**Work order:**
Present exactly, and only, the lines running from the line that contains "Band41-20MHz-QPSK-40140-100RB#0" through the end of the entries below.
(Information provided)
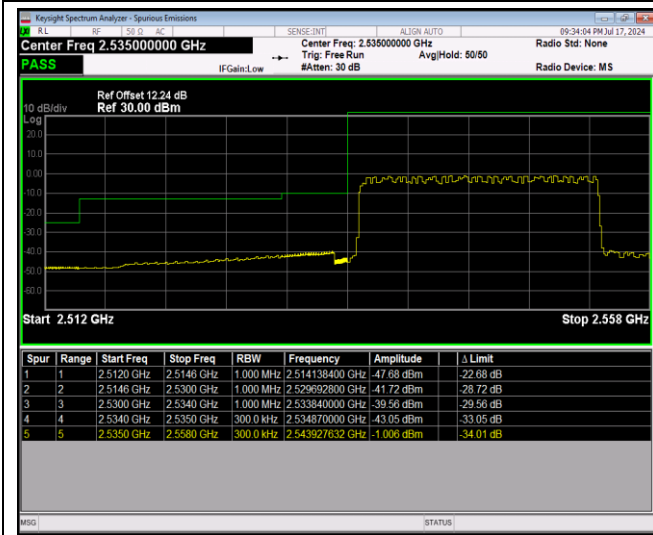

Band41-5MHz-16QAM-41215-25RB#0

Band41-20MHz-QPSK-40140-1RB#0

Band41-20MHz-QPSK-40140-1RB#99

Band41-20MHz-QPSK-40140-100RB#0

Band41-20MHz-QPSK-41140-1RB#0

Band41-20MHz-QPSK-41140-1RB#99

Band41-20MHz-QPSK-41140-100RB#0
(End Information provided)
**Solution to the problem:**
Band41-20MHz-QPSK-40140-100RB#0

Band41-20MHz-QPSK-41140-1RB#0

Band41-20MHz-QPSK-41140-1RB#99

Band41-20MHz-QPSK-41140-100RB#0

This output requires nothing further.